Department of Pharmacy, Huashan Hospital, Fudan University, Shanghai, China.
Department of Pharmacy, Baoshan Campus of Huashan Hospital, Fudan University, Shanghai, China.
Sci Rep. 2024 Nov 12;14(1):27700. doi: 10.1038/s41598-024-79036-4.
Fluorouracil-based chemotherapy responses in colorectal cancer (CRC) patients vary widely, highlighting the role of pharmacogenomics in developing better predictive models. We analyzed 379 CRC patients receiving fluorouracil-based chemotherapy, collecting data on fluorouracil metabolism-related SNPs (TYMS, MTHFR, DPYD, RRM1), blood inflammatory markers, and clinical status. Six machine learning models-K-nearest neighbors, support vector machine, gradient boosting decision trees (GBDT), eXtreme Gradient Boosting (XGBoost), LightGBM, and random forest-were compared against multivariate logistic regression and a deep learning model (i.e., multilayer perceptron, MLP). Feature importance analysis highlighted seven predictors: histological grade, N and M staging, monocyte count, platelet-to-lymphocyte ratio, MTHFR rs1801131, and RRM1 rs11030918. In a five-fold cross-validation, XGBoost and GBDT exhibited superior performance, with Area Under Curve (AUC) of 0.88 ± 0.02. XGBoost excelled in identifying favorable prognosis (recall = 0.939). GBDT demonstrated balance in recognizing both categories, with a recall for favorable prognosis of 0.908 and a precision for unfavorable prognosis of 0.863. MLP had a similar AUC (0.87) with high precision for favorable prognosis (recall = 0.946). In external validation, XGBoost model achieved an accuracy of 0.79. An online prognostic tool based on XGBoost was developed, integrating metabolism-related SNPs and inflammatory markers, enhancing CRC treatment precision and supporting tailored chemotherapy.

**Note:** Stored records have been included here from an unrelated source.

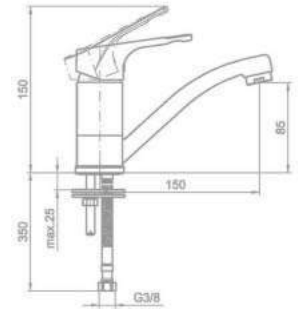

Bojler mosdó csaptelep Junior Evo

- Alsó bekötésű, nyílt rendszerű bojlerekhez
- Egykaros
- Forgatható kifolyócsővel
- Kifolyócső: 150 mm
- Egyedi biztonsági sugárvezetővel
- Sugárvezető mérete: M24x1
- 35 mm kerámia vezérlőegységgel
- Flexibilis bekötőcsővel: 3/8"

KÓD

160-0020-00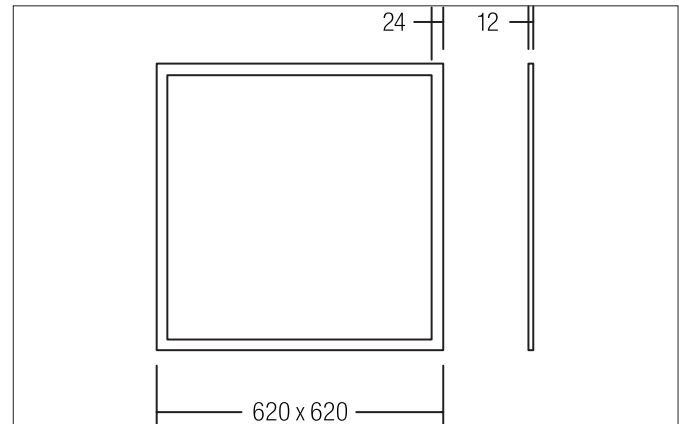

AILIS LED-Panel 620 x 620 mm MP

Artikel-Nr. 32045073

Licht.
Für Generationen.

Ausschreibungstext

Quadratisches LED-Panel 620 x 620 mm MP, Einlegeleuchte für Decken mit sichtbaren Tragschienen. Deckenausschnitt L x B 620 x 620 mm Einbautiefe 12 mm, Länge 620 mm, Breite 620 mm, Gewicht 2,940 kg, mit rotationssymmetrisch tief-breit-strahlender Lichtstärkeverteilung. Optimale Lichtverteilung durch eine Kunststoff mikroprismatische Abdeckung., Bemessungslichtstrom 3.769 lm, UGR < 19, Bemessungsleistung 1 x 38 W, Lichtfarbe warmweiß, ähnlichste Farbtemperatur (CCT) 3.000 K, allgemeiner Farbwiedergabeindex CRI > 80, Lebensdauer L80/B10 bei 25 °C: 42.000 h, Lebensdauer L80/B20 bei 25 °C: 45.000 h, Lebensdauer L80/B50 bei 25 °C: >50.000 h, Gehäusewerkstoff: Aluminium / Polycarbonat, Farbe: weiß, zulässige Umgebungstemperatur (ta): -20 °C - +25 °C, Schutzklasse (EN 61140): II, Schutzart (DIN EN 60529): IP40. Mit elektronischem Betriebsgerät, schaltbar.

Produktvorteile

- quadratische Einlegeleuchte für Deckensysteme im Rastermaß 625 x 625 mm.
- Mikroprismatischer Ausführung, UGR < 19 und Leuchtdichte < 3.000 cd/m² bei Austrahlwinkel > 65°.
- inkl. Multilumen-Konverter zur Einstellung der Lichtleistung / Systemleistung.
- Einstellung der Lichtleistung / Systemleistung erfolgt per Dipschalter am Konverter.
 - Stufe 1 900 mA: Systemleistung: 36 W, Lichtleistung: 3.588 lm
 - Stufe 2 950 mA: Systemleistung: 38 W, Lichtleistung: 3.769 lm (Einstellung im Auslieferungszustand)
 - Stufe 3 1.000 mA: Systemleistung: 40 W, Lichtleistung: 3.948 lm
 - Stufe 4 1.050 mA: Systemleistung: 42 W, Lichtleistung: 4.125 lm
- abgestimmtes Zubehör erhältlich.

Lieferbares Zubehör	
	<p>Artikel-Nr.: 81032040 Anbaurahmen Basic, 625 x 625 mm, weiß</p> <p>Abmessung: 638 mm x 638 mm x 73 mm</p>
	<p>Artikel-Nr.: 81032042 Seilabhängung 1.500 mm, zu Panel 620 x 620 mm</p>
	<p>Artikel-Nr.: 81036070 Anbaurahmen Premium, 620 x 620 mm</p> <p>Abmessung: 625 mm x 625 mm x 56 mm</p>

氟尿嘧啶为基础的化疗在结直肠癌(CRC)患者中的反应差异很大,这凸显了药物基因组学在开发更好的预测模型中的作用。我们分析了 379 名接受氟尿嘧啶为基础的化疗的 CRC 患者,收集了与氟尿嘧啶代谢相关的 SNP(TYMS、MTHFR、DPYD、RRM1)、血液炎症标志物和临床状态的数据。我们比较了 6 种机器学习模型(K-最近邻、支持向量机、梯度提升决策树(GBDT)、极端梯度提升(XGBoost)、LightGBM 和随机森林)与多变量逻辑回归和深度学习模型(即多层感知器,MLP)。特征重要性分析突出了七个预测因素:组织学分级、N 和 M 分期、单核细胞计数、血小板与淋巴细胞比值、MTHFR rs1801131 和 RRM1 rs11030918。在五折交叉验证中,XGBoost 和 GBDT 表现出优异的性能,曲线下面积(AUC)为 0.88±0.02。XGBoost 在识别有利预后方面表现出色(召回率=0.939)。GBDT 在识别这两个类别方面表现出平衡,有利预后的召回率为 0.908,不利预后的精度为 0.863。MLP 的 AUC(0.87)相似,对有利预后的精度较高(召回率=0.946)。在外部验证中,XGBoost 模型的准确率为 0.79。基于 XGBoost 开发了一个在线预后工具,整合了代谢相关的 SNP 和炎症标志物,提高了 CRC 治疗的精准度,并支持量身定制的化疗。